Credit: Sophia Dagnello, NRAO/AUI/NSF; NASA, STScI
A black hole by its own intrinsic nature has an extremely strong gravitational attraction and the intensity of which is primarily decided by mass as well as the nature of the astrophysical object that was crushed to form the respective black hole. In other words, the gravitational pull of a black hole is directly proportional to mass. Although the initial formation of a black hole results in a fixed mass, which principally depends on the mass of a star during its end stage, it continually grows in size by devouring stellar systems and other astrophysical objects floating in its vicinity.
Moreover, considering the black hole area theorem propounded by Hawking, the overall area of a black hole can never decrease so considering the classical scenario wherein it merges with another black hole, the area would always increase as the two black holes would form a single unified astrophysical entity [1, 2]. This is another way to signify the growth of black holes.
Now in a recent set of events named AT2022dsb, astronomers handling the Hubble space telescope have observed an area of gas surrounding a black hole situated in the galaxy ESO 583-G004 which is roughly about 300 million light-years away from Hubble’s location in space. Spectroscopic data suggests that this area of gas essentially resembles a torus and is the relic of a star that had been devoured by the black hole. These gaseous remnants of the star would ultimately collapse into the black hole and become part of its physical content.
Due to the phenomenal distance between Hubble and the detected star, the exact determination of the properties is difficult but thanks to Hubble’s ultraviolet sensitivity technique, the researchers were able to estimate the spectroscopy of the shredded star and ascertain its elemental composition.
Technically, an event wherein a stellar system approaches close enough to a supermassive black hole so as to get devoured by it and initiate the process of spaghettification is called a tidal disruption event (TDE). The latest observation is also an example of TDE, a phenomenon first theorized by the likes of Brandon Carter and others in the early 80s.
One can also not ignore the fact that radiation comes out of the black hole in the form of jets from the accretion disk, throwing enormous amounts of matter into the intervening space. However, the gravitational pull balances this out to a great extent thus the black hole system remains in equilibrium.
Accretion disk of a black hole is essentially known for rotating stellar material inside as well as spewing jets of matter into the interstellar medium. Uniquely, in the latest observation it was seen that radiation is accumulated around the disk of the black hole in such a way that it assumes a doughnut-like or torus shape.
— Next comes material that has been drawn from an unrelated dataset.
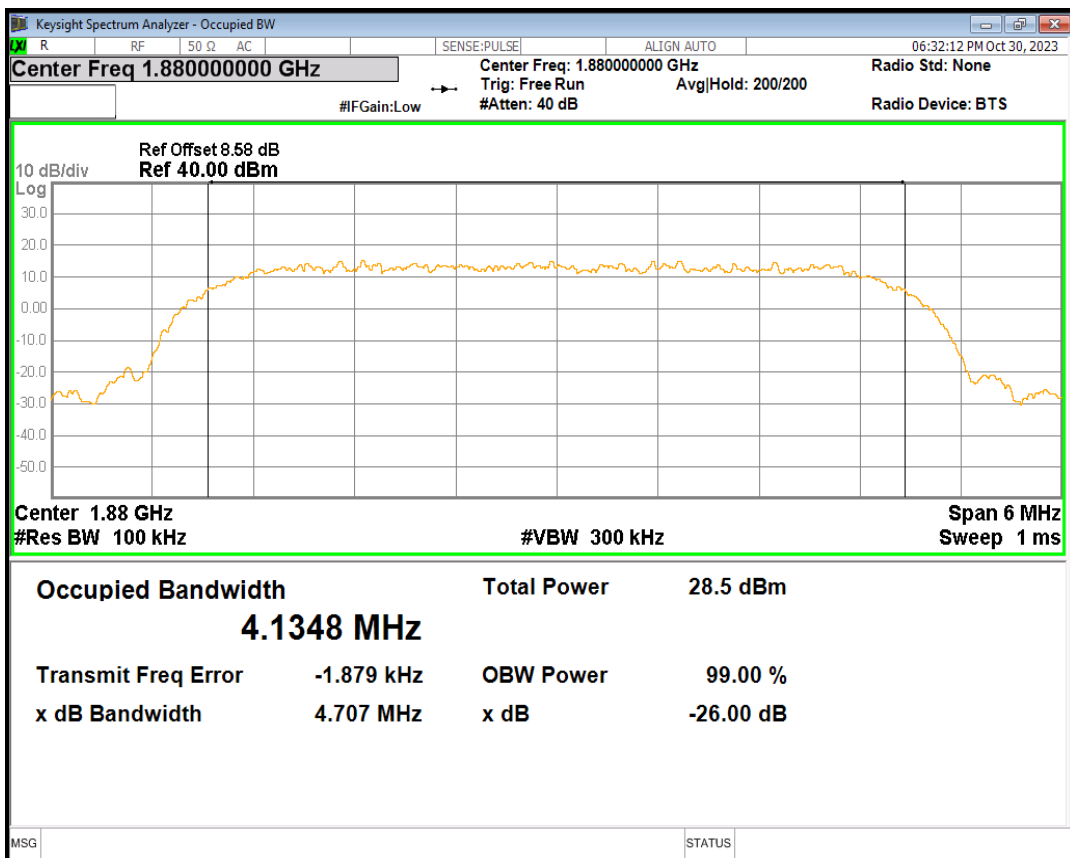

HSDPA Band2 Subtest1 Channel=9538

Figure below gives a rough sketch (in stages) of a black hole swirling and eating up contents of a nearby stellar system.
This sequence of artist's illustrations shows how a black hole can devour a bypassing star. 1. A normal star passes near a supermassive black hole in the center of a galaxy. 2. The star's outer gasses are pulled into the black hole's gravitational field. 3. The star is shredded as tidal forces pull it apart. 4. The stellar remnants are pulled into a donut-shaped ring around the black hole, and will eventually fall into the black hole, unleashing a tremendous amount of light and high-energy radiation. Source: NASA, ESA, Leah Hustak (STScI)
The work of mathematical physicists Roger Penrose and Stephen Hawking has successfully established that black holes are a robust prediction of Einstein’s general theory of relativity. The domain of black hole physics forms an appealing aspect of physicist Nassim Haramein’s work as well. Interestingly, he discovered a new solution to Einstein’s general relativity by incorporating the dynamics of spin (torque and Coriolis forces) into the field equations . In his model, space-time is itself curling at all the scales and this curling is the source of spin from the microscopic to the cosmological scales, the reason why all black holes would rotate according to his theory. Furthermore, his holofractographic model also suggests that the structure of a black hole is more like a torus, allowing information to collapse and expand from the central singularity.
Now in view of the latest observations from the Hubble telescope, it is explicit that the data further supports and gives a lot of weight to Nassim’s insights on black holes. In fact, according to Nassim’s theories, the dynamics of black holes replicate a dual torus structure and the recent observations can perhaps be integrated coherently with this proposal.
Moreover, a coherent formulation of the available data on black hole accretion, TDEs, and the dual torus model could reveal many exciting and unprecedented facets of black hole physics. This unified perspective as part of the generalized holographic model can in turn resolve problems about black holes that currently are nothing less than a tragedy for standard cosmological models.
 S. W. Hawking, Gravitational Radiation from Colliding Black Holes, Phys. Rev. Lett. 26, 1344 (1971).
 J. M. Bardeen, B. Carter & S. W. Hawking, The four laws of black hole mechanics, Communications in Mathematical Physics 31, 161–170 (1973)
 Haramein, N., and Rauscher, E. A. (2005). The origin of spin: A consideration of torque and Coriolis forces in Einstein’s field equations and grand unification theory. Beyond The Standard Model: Searching for Unity in Physics, 1, 153-168.